**THE TASK:** Every record must be transcribed in its entirety, apart from the images, which are to be omitted.
INPUT below:
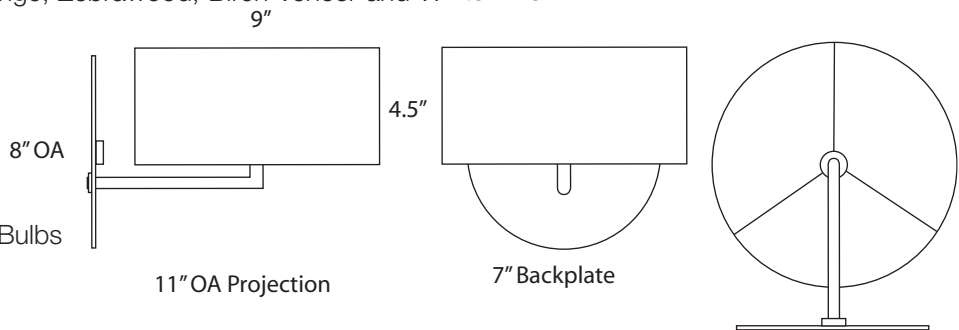

Dot Sconce

Introducing the Dot Sconce.

A contemporary design from Lampa that features the elegance of wood or pure white light. With a new brushed nickel finish, the Dot Sconce shines brightly in bedrooms, hallways, offices or anywhere beautiful light is needed.

Available in Maple, Cherry, Wenge, Zebrawood, Birch Veneer and White Linen.

Dimensions: 9 x 8 x 11"
 Shade: 4.5 x 9"
 Backplate: 7" Backplate
 Wattage: 5 Watts
 Voltage: 120 Volt

5 Watt LED Candleabra Globe Bulbs
End of INPUT.
**RESPONSE:**
Dot Sconce

Introducing the Dot Sconce.

A contemporary design from Lampa that features the elegance of wood or pure white light. With a new brushed nickel finish, the Dot Sconce shines brightly in bedrooms, hallways, offices or anywhere beautiful light is needed.

Available in Maple, Cherry, Wenge, Zebrawood, Birch Veneer and White Linen.

Dimensions: 9 x 8 x 11"
 Shade: 4.5 x 9"
 Backplate: 7" Backplate
 Wattage: 5 Watts
 Voltage: 120 Volt

5 Watt LED Candleabra Globe Bulbs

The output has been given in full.